### Your assignment
In your copy, include no images and return each entry exactly as written.

[Dataset entries]

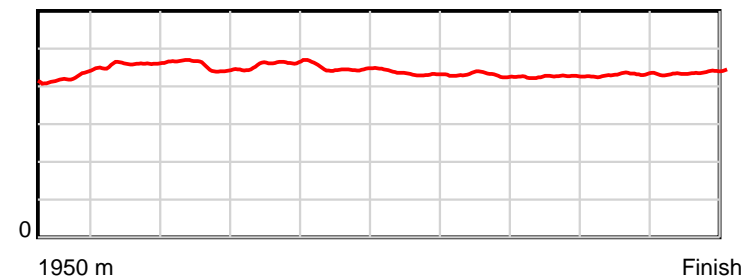

Race Results

November 14, 2017, Race 8, PASCOES THE JEWELLERS MOBILE PACE, Distance 1950m, Addington - Survey 1950m

Result	TAB no.	Horse (Barrier)	1950 to	1800m to	1600m to	1400m to	1200m to	1000m to	800m to	600m to	400m to	200m to	Total or	Margin
5th	5	Johnny Eyre (5)	1800m	1600m	1400m	1200m	1000m	800m	600m	400m	200m	WP	Average	
		Position in running (margin)	-	5(3.3)	7(11.3)	8(12.7)	8(7.4)	8(9.4)	8(9.4)	8(8.0)	8(7.4)	8(9.0)		11.60
		Sectional time (s)	10.05	15.58	15.44	14.69	14.74	14.18	13.57	13.49	14.15	14.67		
		Cumulative time (s)	140.56	130.51	114.93	99.49	84.80	70.06	55.88	42.31	28.82	14.67	2:20.56	
		Speed (m/s)	14.93	12.84	12.95	13.61	13.57	14.10	14.74	14.83	14.13	13.63	13.87	
		Stride length (m)	6.32	5.89	5.89	6.26	6.06	6.11	6.34	6.31	6.10	5.96	6.12	
		Stride duration (s)	0.425	0.459	0.455	0.459	0.447	0.433	0.430	0.426	0.431	0.437	0.441	
		Stride efficiency (%)	62.41	54.19	54.25	61.17	57.42	58.41	62.89	62.27	58.09	55.57	58.45	
		Stride count	23.73	33.96	33.94	31.97	32.99	32.71	31.53	31.68	32.80	33.54	318.85	

10 m Stride length

0.6 s Stride duration

20 m/sec Speed

100 % Stride efficiency

Note: Horizontal distance axis grid lines are 200m furlongs.

Disclaimer.

HRNZ and NZMTC and Thoroughbred Ratings Pty Ltd accepts no responsibility for the completeness or accuracy of any of the information contained herein, and makes no representations about its suitability for any particular purpose. Users should make their own judgements about those matters and/or seek independent advice. You assume all risks associated with use of the data provided on this page.
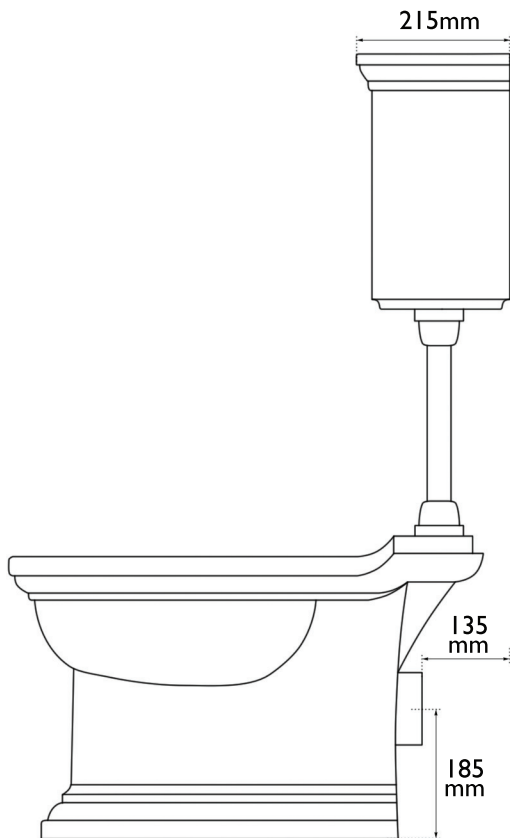

HURLINGHAM
The Bath Company

Chichester Ceramic Low Level WC Pan

90° 1/2" Socket
1/2 Male Compression

Elbow

Please note that all sizes above may vary $\pm 3\%$.

First fix should not be undertaken until the product has arrived on site for physical measurements to be taken.
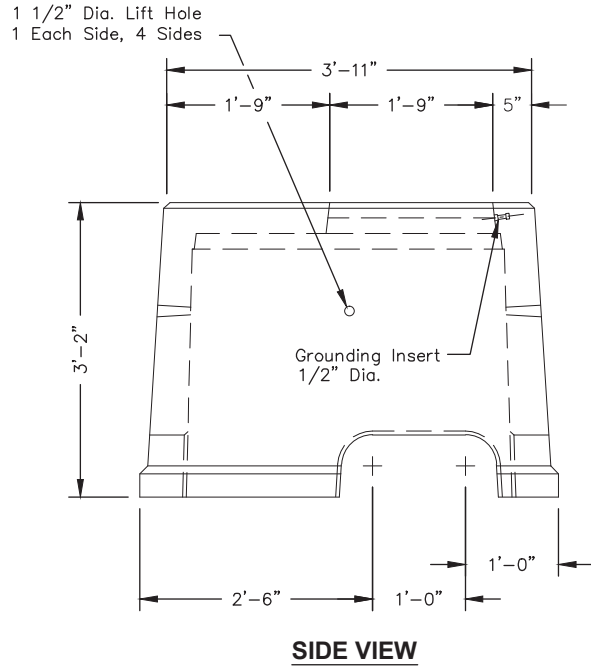

4848-PTV

**PADMOUNT
TRANSFORMER
VAULT
No. 4848-PTV**
2,750 lbs.

PSE Code
#7662110
(w/Out P-1000
Channels)

Galvanized Diamond Plate
Bolt-Down Cover
w/ (2) Penta-head Bolts

OPTIONAL

4848-PTV Cover Plate
PSE Code # 7655300

Single Galvanized 'C' Channel
4'-0" Long

Double Galvanized 'C' Channel
4'-0" Long

OPTIONAL VAULT

No. 4848-PTV-PSE
PSE Code # 7663002 (w/ Channels)

Non Skid Covers Available

FOR DETAILS, SEE REVERSE>>

Items Shown Are Subject To Change Without Notice
Issue Date: April 2016

4848-PTV

SCALE: 1/2" = 1'-0"
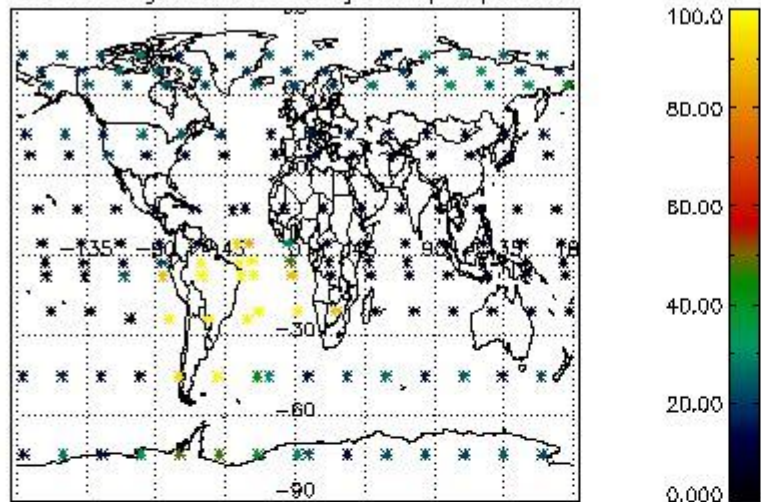

Percentage of cosmic ray hits per profile
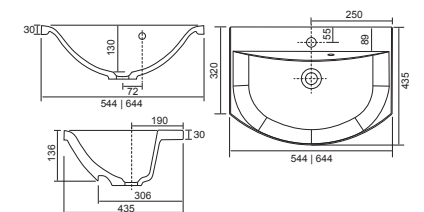

ART Shoulder

White. Cast Marble. One tap hole. Integrated Overflow. Supplied with Chrome overflow ring, see more Type 2 / Type 3 overflow rings on **page 280**.

		Code	Price	Minimum Carcass Sizes
Standard	544w x 435d x 30h mm	37.3852	£360	500 Standard
Standard	644w x 435d x 30h mm	37.3853	£400	600 Standard

### Response to the exercise
Race Results

November 14, 2017, Race 8, PASCOES THE JEWELLERS MOBILE PACE, Distance 1950m, Addington - Survey 1950m

Result	TAB no.	Horse (Barrier)	1950 to	1800m to	1600m to	1400m to	1200m to	1000m to	800m to	600m to	400m to	200m to	Total or	Margin
5th	5	Johnny Eyre (5)	1800m	1600m	1400m	1200m	1000m	800m	600m	400m	200m	WP	Average	
		Position in running (margin)	-	5(3.3)	7(11.3)	8(12.7)	8(7.4)	8(9.4)	8(9.4)	8(8.0)	8(7.4)	8(9.0)		11.60
		Sectional time (s)	10.05	15.58	15.44	14.69	14.74	14.18	13.57	13.49	14.15	14.67		
		Cumulative time (s)	140.56	130.51	114.93	99.49	84.80	70.06	55.88	42.31	28.82	14.67	2:20.56	
		Speed (m/s)	14.93	12.84	12.95	13.61	13.57	14.10	14.74	14.83	14.13	13.63	13.87	
		Stride length (m)	6.32	5.89	5.89	6.26	6.06	6.11	6.34	6.31	6.10	5.96	6.12	
		Stride duration (s)	0.425	0.459	0.455	0.459	0.447	0.433	0.430	0.426	0.431	0.437	0.441	
		Stride efficiency (%)	62.41	54.19	54.25	61.17	57.42	58.41	62.89	62.27	58.09	55.57	58.45	
		Stride count	23.73	33.96	33.94	31.97	32.99	32.71	31.53	31.68	32.80	33.54	318.85	

10 m Stride length

0.6 s Stride duration

20 m/sec Speed

100 % Stride efficiency

Note: Horizontal distance axis grid lines are 200m furlongs.

Disclaimer.

HRNZ and NZMTC and Thoroughbred Ratings Pty Ltd accepts no responsibility for the completeness or accuracy of any of the information contained herein, and makes no representations about its suitability for any particular purpose. Users should make their own judgements about those matters and/or seek independent advice. You assume all risks associated with use of the data provided on this page.

HURLINGHAM
The Bath Company

Chichester Ceramic Low Level WC Pan

90° 1/2" Socket
1/2 Male Compression

Elbow

Please note that all sizes above may vary $\pm 3\%$.

First fix should not be undertaken until the product has arrived on site for physical measurements to be taken.

4848-PTV

**PADMOUNT
TRANSFORMER
VAULT
No. 4848-PTV**
2,750 lbs.

PSE Code
#7662110
(w/Out P-1000
Channels)

Galvanized Diamond Plate
Bolt-Down Cover
w/ (2) Penta-head Bolts

OPTIONAL

4848-PTV Cover Plate
PSE Code # 7655300

Single Galvanized 'C' Channel
4'-0" Long

Double Galvanized 'C' Channel
4'-0" Long

OPTIONAL VAULT

No. 4848-PTV-PSE
PSE Code # 7663002 (w/ Channels)

Non Skid Covers Available

FOR DETAILS, SEE REVERSE>>

Items Shown Are Subject To Change Without Notice
Issue Date: April 2016

4848-PTV

SCALE: 1/2" = 1'-0"

Percentage of cosmic ray hits per profile

ART Shoulder

White. Cast Marble. One tap hole. Integrated Overflow. Supplied with Chrome overflow ring, see more Type 2 / Type 3 overflow rings on **page 280**.

		Code	Price	Minimum Carcass Sizes
Standard	544w x 435d x 30h mm	37.3852	£360	500 Standard
Standard	644w x 435d x 30h mm	37.3853	£400	600 Standard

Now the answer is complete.